# High School



## Cora278 (Dec 21, 2012)

Hi. I am looking for a great high school in Canada. Can anyone advise me ? My children are currently following an IB programme in Europe.


----------



## Auld Yin (Mar 10, 2009)

Cora278 said:


> Hi. I am looking for a great high school in Canada. Can anyone advise me ? My children are currently following an IB programme in Europe.


Do you realize what you just aske? Canada is the second largest country in the world and is 6,000km from east to west coast. Do you have a particular location in mind?


----------



## Cora278 (Dec 21, 2012)

*Response*



Auld Yin said:


> Do you realize what you just aske? Canada is the second largest country in the world and is 6,000km from east to west coast. Do you have a particular location in mind?

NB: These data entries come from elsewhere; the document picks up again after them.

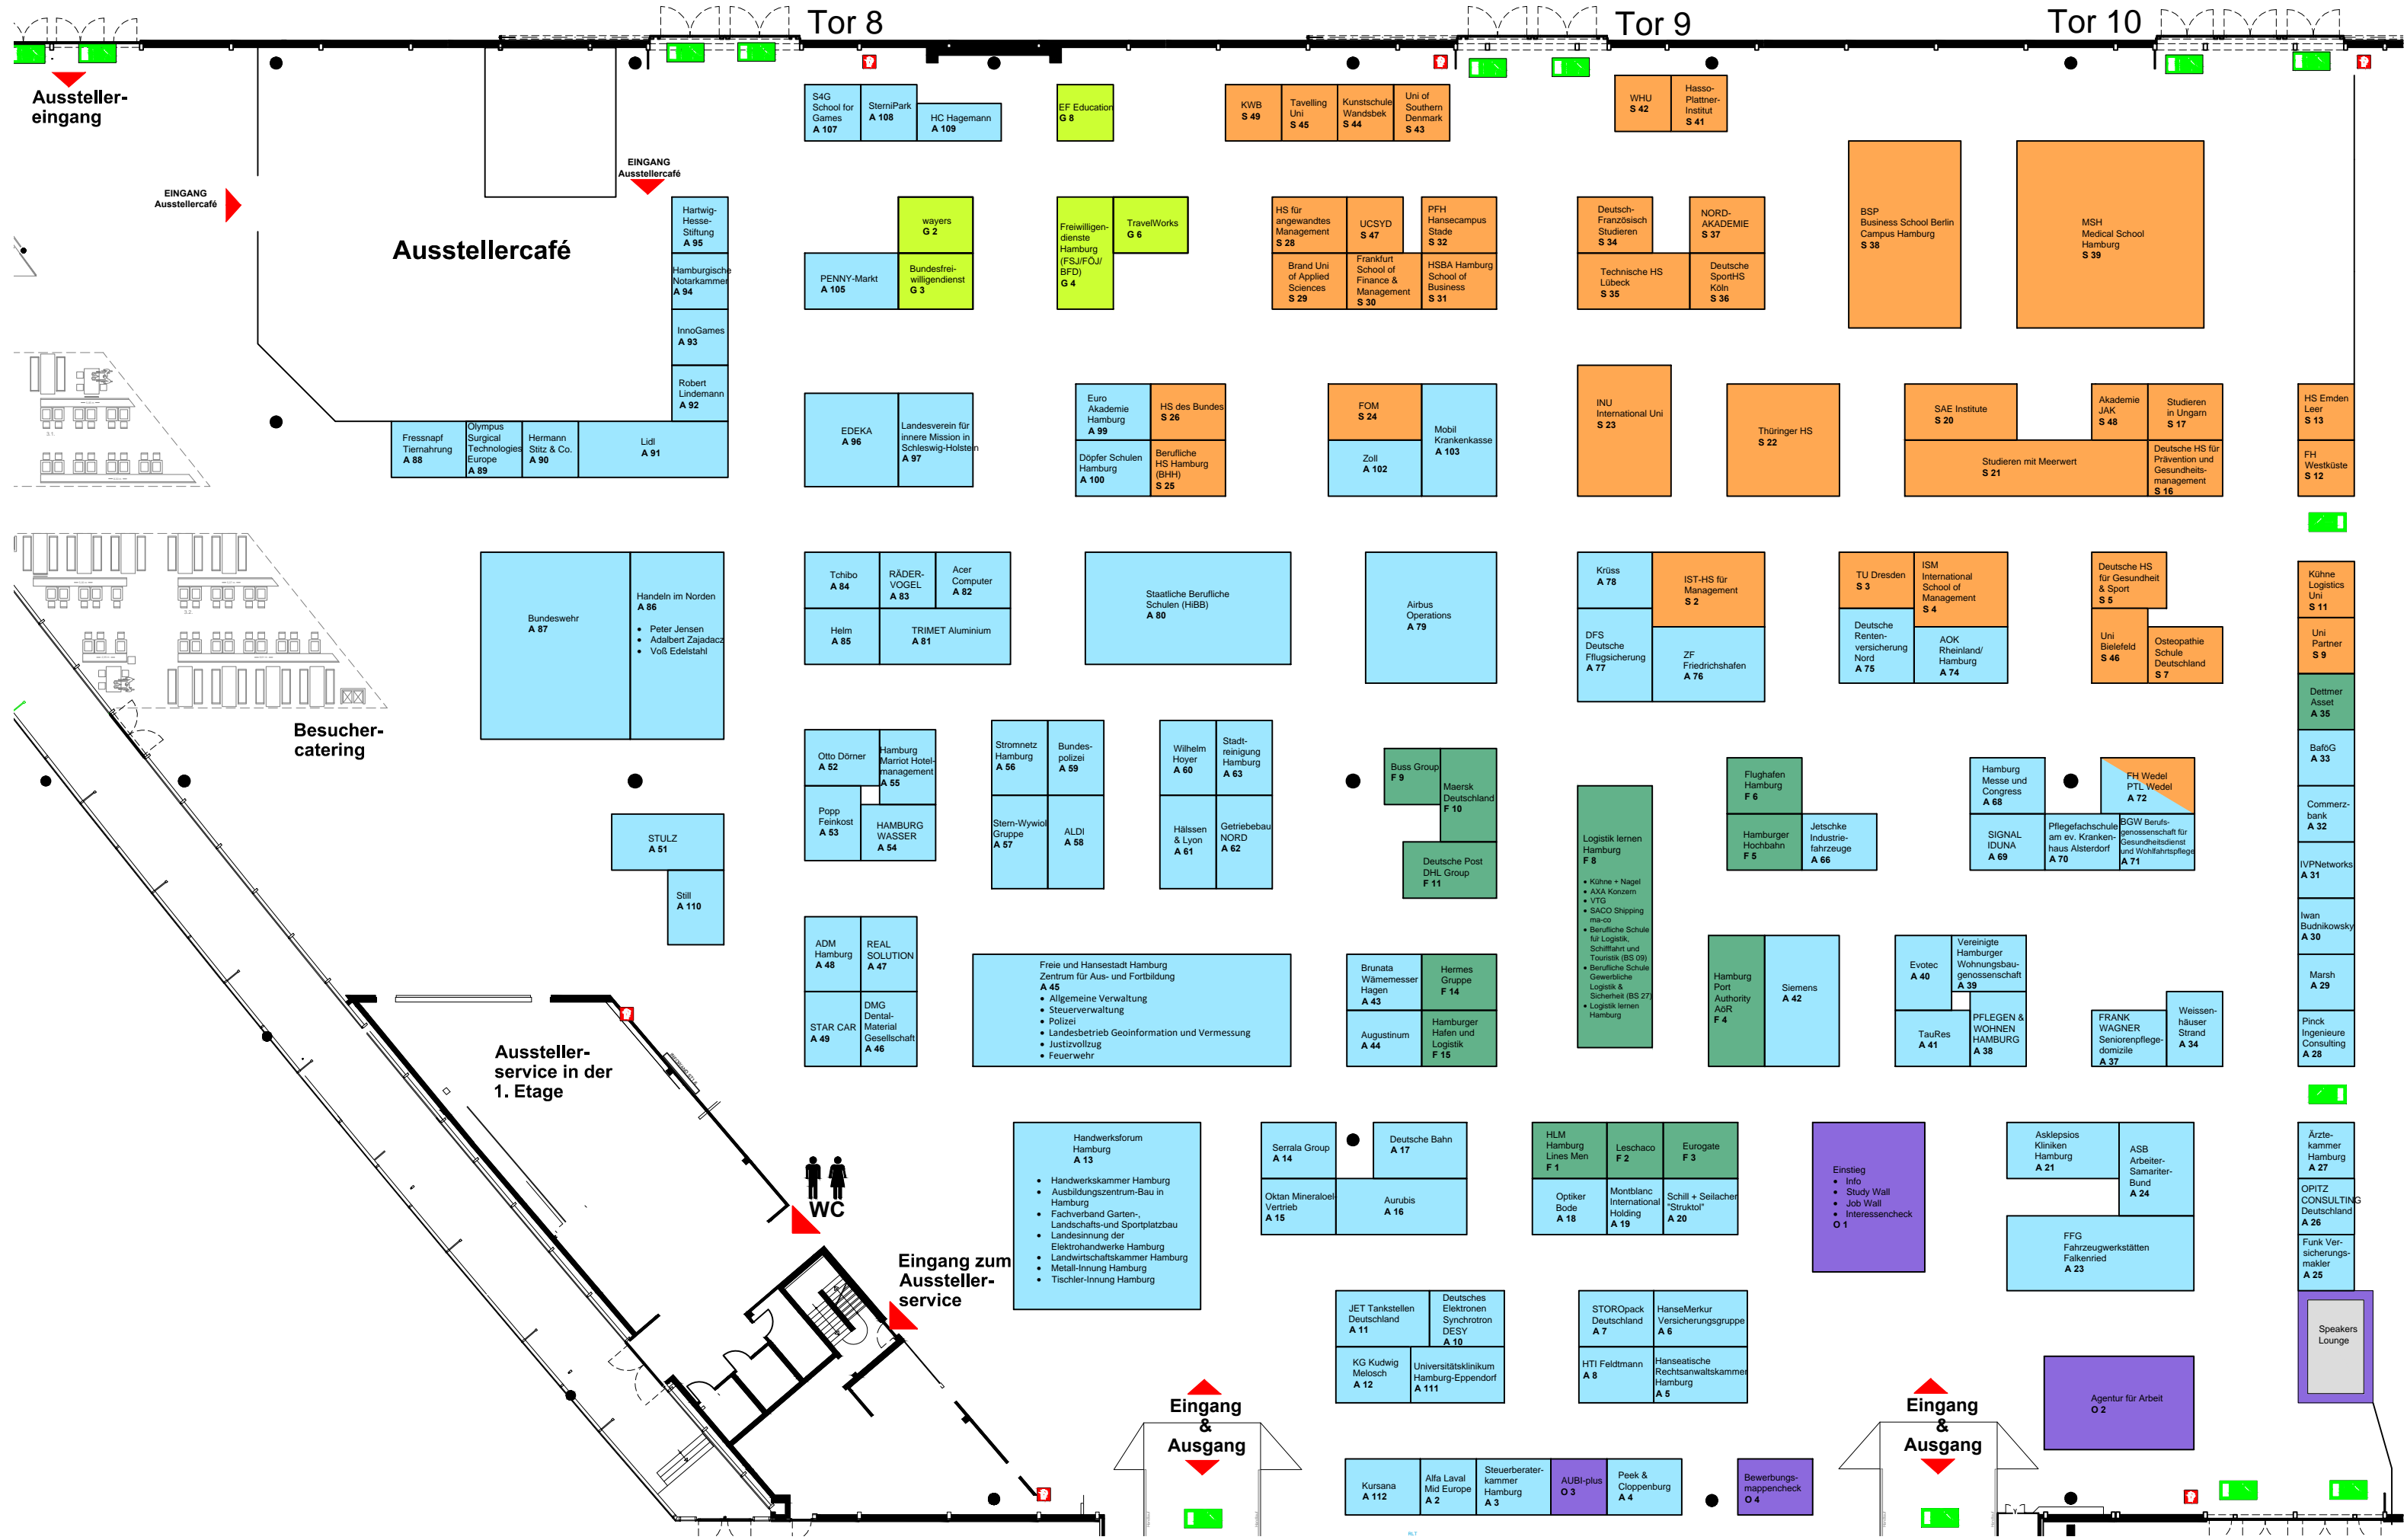

# Hallenplan zur Einstieg Hamburg am 24 + 25. Februar 2023 in Halle B 6

- = Orientierung
- = Ausbildung  
schulisch / betrieblich / dual
- = Logistikforum
- = Studium  
national / international / dual
- = Gap Year

**Aussteller-eingang**

**EINGANG Ausstellercafé**

**Ausstellercafé**

**Besucher-catering**

**Aussteller-service in der 1. Etage**

**WC**

**Eingang zum Aussteller-service**

**Eingang & Ausgang**

Yes, i am perfectly aware of the implications of this question. I am simply interested, as stated, in identifying the best high schools in Canada.


----------



## Auld Yin (Mar 10, 2009)

Cora278 said:


> Yes, i am perfectly aware of the implications of this question. I am simply interested, as stated, in identifying the best high schools in Canada.


School Report Cards by Fraser Institute


----------



## EVHB (Feb 11, 2008)

What is 'the best' high school? The one where most of the students are science oriented? Or the one with the emphasis on art? Or one where they offer a lot of business courses? Or AP classes? Or co-op programs? The one with lots of international students? The one with almost only 'Canadians'? ... (and I can go on and on).
What is a good school for my kinds doesn't have to be a good school for your kids.

Are you looking for public or private school?


----------



## preeti22 (Jan 3, 2013)

Académie Ste. Cecile International School in Ontario & Ashbury College in Ottawa, Ontario are both outstanding schools in Canada provide students good quality of education


----------